Notes: This table outlines the characteristics of patients who had at least one negative keyword recorded in their clinical notes. The cohort is then divided based on the decision of the elastic net model, indicating whether the negative keyword was classified as a negative patient descriptor or not. The final column on the right presents the p-values comparing the characteristics of patients from the two subgroups.


Feature Analysis

To better understand model limitations, we manually examined misclassified sentences (false positives and false negatives) from the held-out test set (20% of annotated sentences). Overall, false negatives occurred more frequently than false positives, indicating that the classifier was conservative in labeling sentences as containing negative descriptors.

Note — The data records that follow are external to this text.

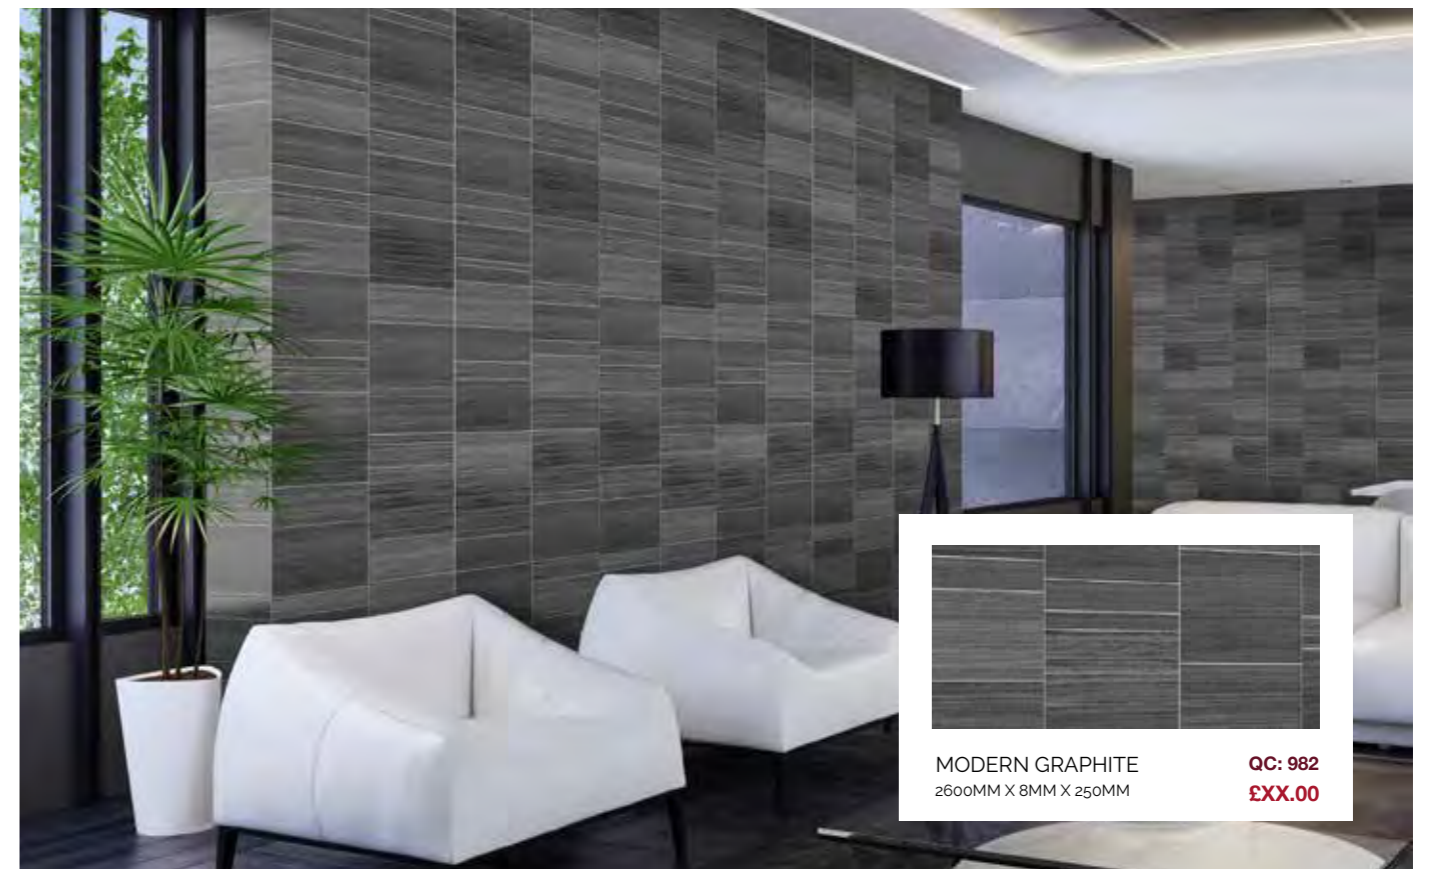

MODERN GRAPHITE **QC: 982**
2600MM X 8MM X 250MM **£XX.00**
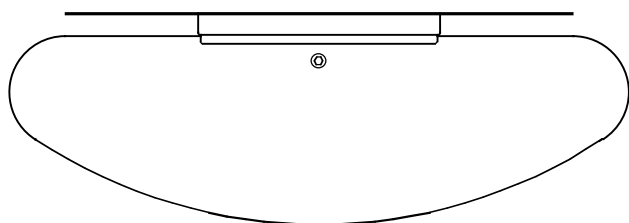

ALL DIMENSIONS IN INCHES

NOTES:

- 1. Carnegie Xorel fabric backed with opal white high-impact copolymer
- 2. Satin clear high-impact copolymer end caps both ends
- 3. 1x 2700K LED module
- 4. Dimming driver inside back box, when applicable
- 5. Fixture mounts directly to surface of wall with four flat head mounting screws (included)
- 6. 4.5"x 9" white steel back box

Type: Quantity:

Approval signature:

Name:

Firm:

Date:

**Prosperity D2 LED
ADA Square Wall**
10 & 11 Watt LED, Dimming
Universal voltage

Driver configurations:
 D214T - 10 watt LED, phase control 10% dimming, 955 source lumens, driver on board
 D214O - 11 watt LED, 0-10V 1% dimming, 1297 source lumens
Osram driver: 79442
 D214L - 11 watt LED, Lutron 1% dimming, 1297 source lumens
Specify Lutron control system:
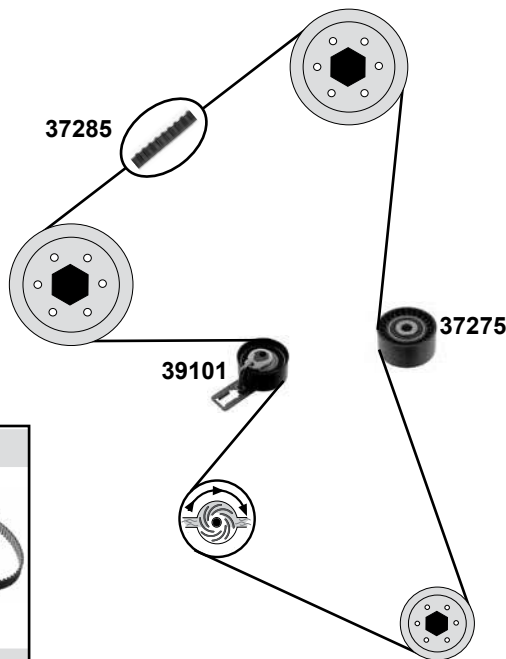

Ref. - No.

18976	1 113 180	Zahnriemen / timing belt		Z 91 B20
21972	1 215 978	Spannrolle / tension roller		ØA74 ØI 24
22369	1 690 293	Riemenspanner / belt tensioner	02/11 →	ØA73 B22
26117	1 201 255	Rep. Satz Zahnriemen / rep. kit timing belt		Z 91 B20
30797	1 149 503	Umlenkrolle / deflection pulley		ØA 76,5 B30
37275	1 725 441	Umlenkrolle / deflection pulley	01/11 →	ØA 61 H 30
37285	1 738 632	Zahnriemen / timing belt	01/11 →	Z 141 B25,4
39101	1 739 145	Spannrolle / tension roller	01/11 →	ØA 60 Ø I 29
39203	1 787 857	Rep. Satz Zahnriemen / rep. kit timing belt	01/11 →	Z 141 B25,4
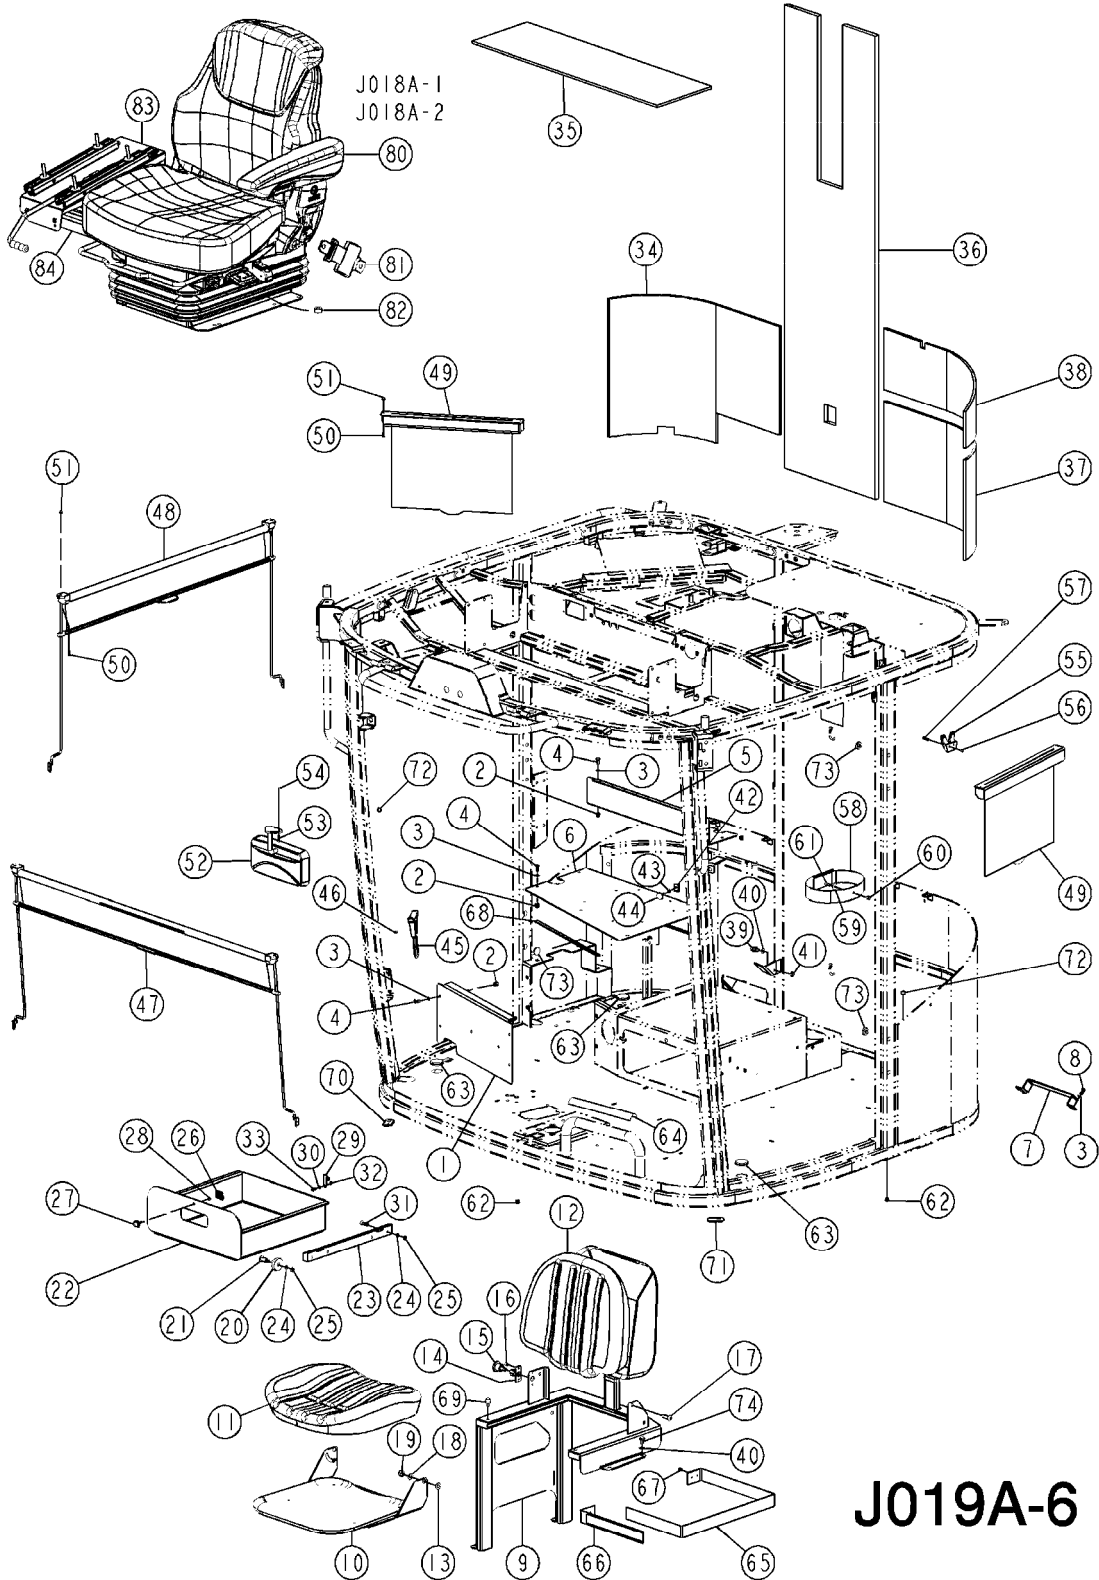

SEAT-SUNSHADE-SIAC WIDE CAB
J019A-6, 29:08:16

J019A-6

SEAT-SUNSHADE-SIAC WIDE CAB
J019A-6, 29:08:16

Page 1

Date 07.02.2020 8:09

Pos.	parts-n°	order qty	description
3	471125	1	WASHER M6U 6.4X14X1.2,A2 SS
7	27069701	1	REAR HOSES BRACKET
8	428005	1	SCREW M8 X 16 DIN933 SS A2
20	27060001	1	DRAWER ROLLER
21	27060201	1	DRAWER PIN
23	27060101	1	DRAWER GUIDE
24	471125	1	WASHER M6U 6.4X14X1.2,A2 SS
25	460261	1	NUT HEX M6X1.00 LOCK DIN985 A2 SS
27	27049301	1	BUTTON TRAP N41339021
30	478057	1	WASHER, M5, Ø15/ 5.3X 1.0, DIN9021, SS
31	45002901	1	SCREW FHC M6-30 DIN7991 SS A2
34	27059601	1	REAR RIGHT SOUND ABSORBING PANEL
35	27059501	1	UPPER SOUND ABSORBING PANEL
36	27059401	1	REAR SOUND ABSORBING PANEL
37	27059301	1	REAR LEFT LOWER SOUND ABSORBING PANEL
38	27059201	1	REAR LEFT UPPER SOUND ABSORBING PANEL
40	478040	1	WASHER M8U 8.25X18X1.5 SS A2
41	468059	1	NUT HU M 8 A2 DIN934
42	27025401	1	CLASP M6 101516AA
44	27059101	1	KNURLED KNOB M6X16
47	27059901	1	FRONT SUNVISOR
48	27059801	1	RIGHT SUNVISOR
49	27059701	1	REAR SUNVISOR
50	478074	1	WASHER D4.25/D14X0.8 SS A2
52	27030501	1	INNER CAB MIRROR 447419568
53	458058	1	SCREW CS M5X20 A2 SS DIN963
80	28045301	1	SEAT MSG95AL/731 12V MATRIX Avec ceinture de sécurité/xith seat belt
81	28026301	1	SAFETY BELT 1158625
82	14007201	1	SPACER Ø8,5X20 L10
83	27013101	1	DASHBOARD RAIL SUPPORT 1035492
84	27015001	1	TRAVERSE SUPPORT RAIL USINEE
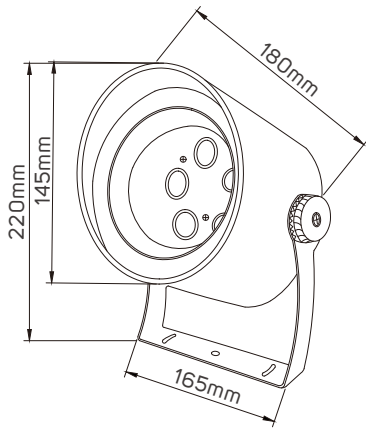

DIMENSIONS

Code No.	Model No.	Diameter	Height	Length	Width
541100	ILSSMOPJF01		114	179	89
612593	ILS7.5SMOPJL01	145	220	180	
612594	ILS17SMOPJL01	200	300	220	
521280	ILSSMOPJF04	64	191		
671278	ILSSMOPJF04		272	130	

DIMENSIONS

521280

541100

612593

612594

671278

APPLICATION PICTURE

This image is for display purpose only, the image may differ from the actual product, as the product is subject to modification provided without prior notice.
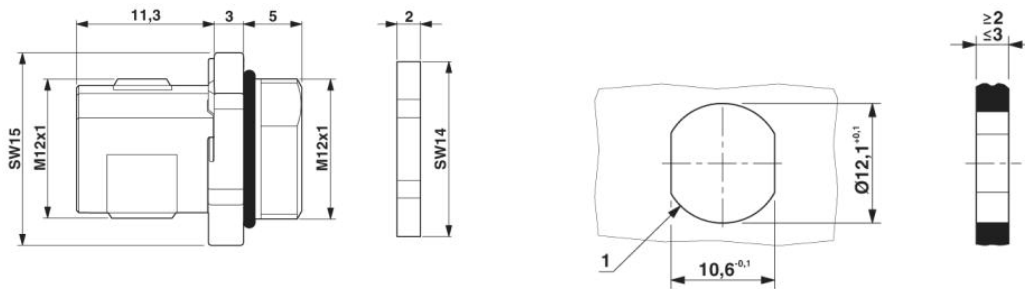

Certificates

Certification

GOST

Certifications applied for:

Certification Ex:

Drawings

Dimensioned drawing

Housing cutout for M12 fastening thread, mounting panel with feed-through hole (alternative with surface as protection against rotation)

False positives most often occurred when negative keywords were used in a nonstigmatizing or negated context. For example, the sentence “no anxiety, depression, or agitation” was incorrectly flagged as a negative descriptor, despite the presence of explicit negation. On the other hand, false negatives often involved more subtle negative phrasing without explicit keywords, or sentences with multiple clauses where the descriptor was de-emphasized. The following negative keywords were involved in false negative cases: “complian,” “agitated,” “aggress,” “cooperat,” “defensive,” “exaggerate,” “noncompliant,” and “refuse.” The most frequent source of false negatives was “complian.” In these cases, clinicians documented that the patient reported compliance with a medication regimen, while simultaneously noting doubt or a history of noncompliance (“patient reports compliance with medications but unclear if this is accurate given her past”). Such nuanced contexts proved difficult for the model to capture. Other false negatives included sentences where patients were described as refusing care, being uncooperative, or exhibiting agitation or defensiveness.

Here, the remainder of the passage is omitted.